Page 37 of Knot on the Market

But the damage is done. My scent has thoroughly claimed this space now, turning it from a neutral collection of comfort items into something unmistakably mine. The green apple and white musk sweetness clings to the fabric, and when I settle back against the pillows, arranging the blankets around me, I find myself sinking into a cocoon of softness.

My body relaxes in ways I haven't felt in years. The tension I've been carrying in my shoulders melts away. My breathing slows and deepens.

For the first time since I arrived in Honeyridge Falls, I feel completely, utterly safe.

The realization hits me like a physical blow. This is what I've been missing. Not romance, not pack dynamics, not the complicated politics of alpha attention, just safety. The bone-deep security that comes from having a space that's entirely yours, scented with your presence and arranged according to your instincts.

No cameras, no paparazzi lurking around corners, no need to be "on" every moment. No autograph requests or forced smiles or carefully calculated responses. Just me, just Lila, allowed to exist without performance or expectation.

I curl up against the pillows and let myself feel it fully. The peace, the contentment, the sense of being exactly where I belong.

I didn't come here to find a pack. I didn't come here to fall in love. I definitely didn't come here to create a nest in my spare bedroom while getting flustered over shirtless joggers.

But between Dean's dinner invitation, Julian's literary care packages, and Callum's promise to teach me actual home repair, independence in Honeyridge Falls is going to be significantly more complicated than I planned.

That's when I hear a truck pull up outside.

My heart does a little skip—Dean, maybe, back from his run? But when I peek out the front window, I see Callum's familiar pickup loaded with lumber and supplies, Callum himself already unloading wooden beams with methodical efficiency.

Right. The porch repairs. We talked about this.

Time to pretend I wasn't just creating a nest while fantasizing about a certain shirtless firefighter.

Chapter 12

Callum

The porch foundation is worse than I thought.

I've been measuring support points for twenty minutes, and what looked like simple settling from the street reveals itself as genuine structural compromise once I get underneath. The main beam has separated from its post by nearly three inches, and the floor joists are sagging under weight they were never meant to carry alone.

It's fixable. Everything's fixable if you're willing to do the work properly. But this isn't the weekend project I'd initially estimated. This is going to take time, patience, and a complete rebuild of the support structure.

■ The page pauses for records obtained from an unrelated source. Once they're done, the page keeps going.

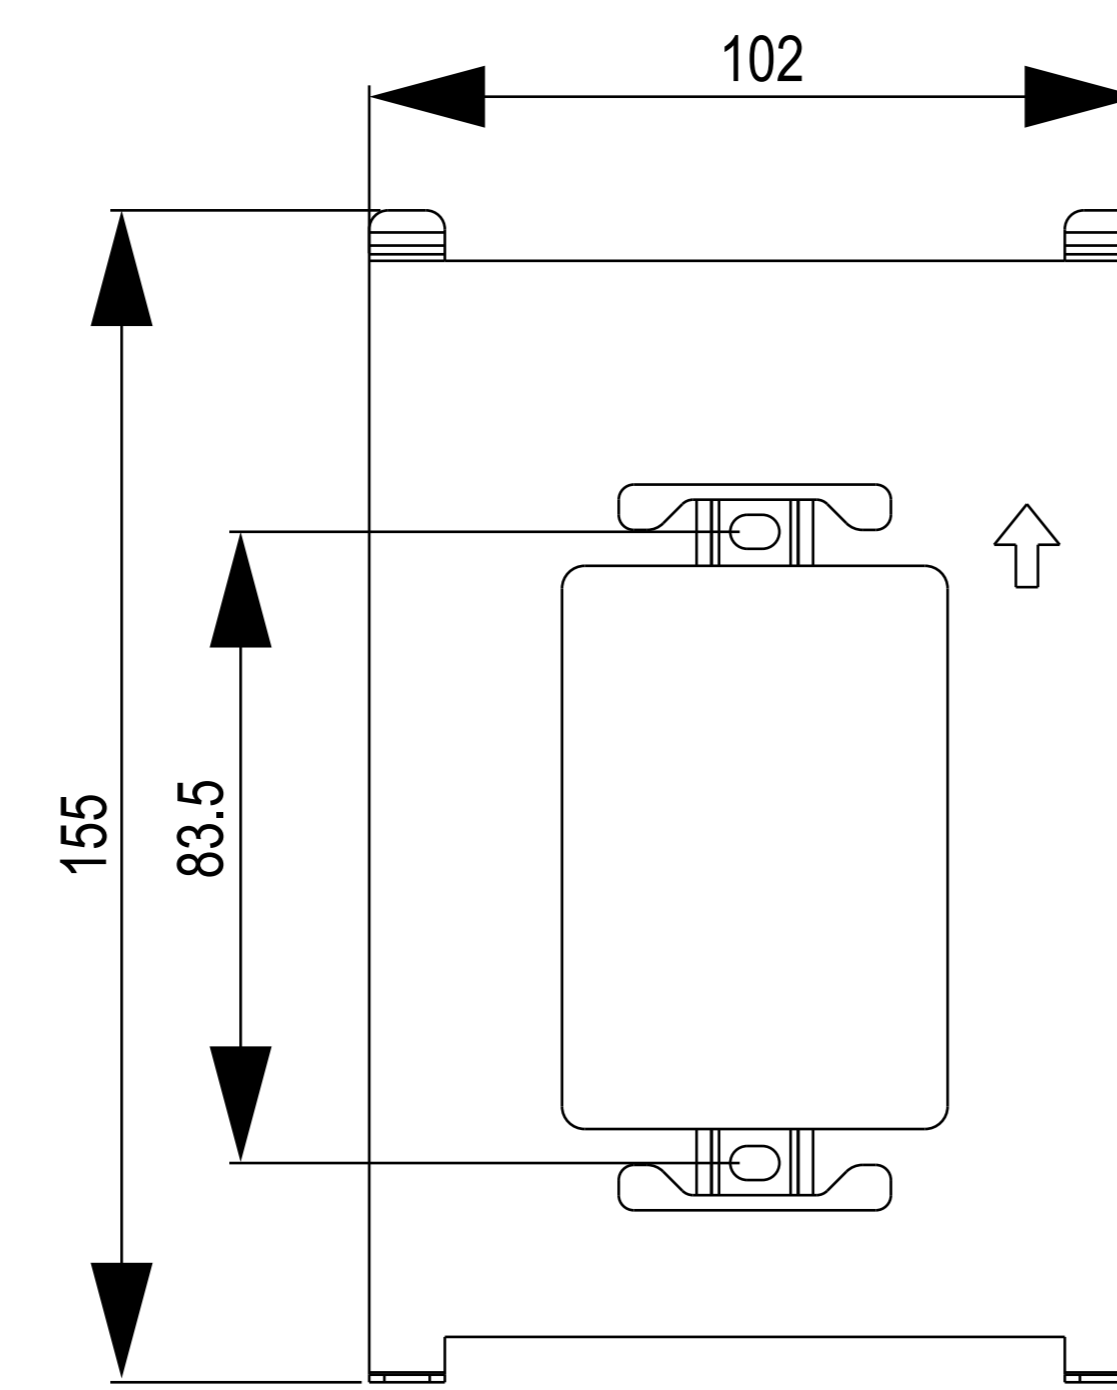

⑤ TOP VIEW

② RIGHT VIEW

① FRONT VIEW

③ LEFT VIEW

④ BACK VIEW

⑥ BOTTOM VIEW

Applicable Model
S567

Drawing Title
Wall Mounting Bracket
(Europe)

1 FRONT VIEW

3 LEFT VIEW

4 BACK VIEW

6 BOTTOM VIEW

① FRONT VIEW

② RIGHT VIEW

⑤ TOP VIEW

③ LEFT VIEW

④ BACK VIEW

⑥ BOTTOM VIEW

① INDOOR MONITOR FRONT VIEW

ADA Compliance Requirement

GROUND

② FRONT VIEW:WALL MOUNTING BRACKET PLACEMENT

GROUND

③ SIDE VIEW: INDOOR MONITOR ON WALL

1403mm TO BOTTOM OF BRACKET

I make notes in my weathered notebook, sketching the current state and what needs replacing. The morning air carries the scent of wood smoke from someone's early barbecue and the sweet fragrance of summer flowers from Lila's neighbor's garden. Normal summer smells for a normal Friday in Honeyridge Falls.

Except nothing about this feels normal.

Lila's scent still clings to the air around her front door. Green apple and white musk, but different from yesterday. Stronger.Sweeter. I don't know enough about these things to understand what it means, but something has changed.

I shouldn't notice. Should mind my own business and focus on the work I came here to do. But twenty minutes of measuring and calculating haven't been enough to stop my alpha instincts from cataloging every shift in the air, every subtle change that suggests something significant happened in that house this morning.

She answered the door flustered, still pink around the edges, with her scent warm and slightly scattered like she'd been caught doing something she wasn't sure she wanted to explain. Her pupils had been dilated, her breathing quick and shallow, and when she spoke her voice carried that breathless quality that comes after surprise or excitement.

Or arousal.

The thought shouldn't matter. Shouldn't be any of my business what Lila does in her own house, what makes her scent spike with interest, what leaves her standing in doorways looking like she's been thoroughly affected by something.

But my hands still on the measuring tape as I catch another drift of that scent from the open windows above. Stronger up there. Like she's been spending time in that room, doing... something that's made it smell like her in a way it didn't before.

Five days in this town and I'm measuring crooked because of green apples and white musk.

I force myself back to the measurements, to the familiar rhythm of assessing what's broken and figuring out how to make it right. This is what I'm good at, understanding structures, seeing what needs support, knowing which pieces can be salvaged and which need complete replacement.

The irony isn't lost on me that I'm better at fixing houses than I am at understanding the woman who lives in this one.

The front door opens behind me, and I don't need to look up to know it's Lila. Her scent reaches me first, makes something tighten in my chest that I don't want to think about. Makes my hands want to do things that aren't about measuring wood.

"How's it looking?" she asks, her voice steadier than it was an hour ago but still carrying a note of uncertainty.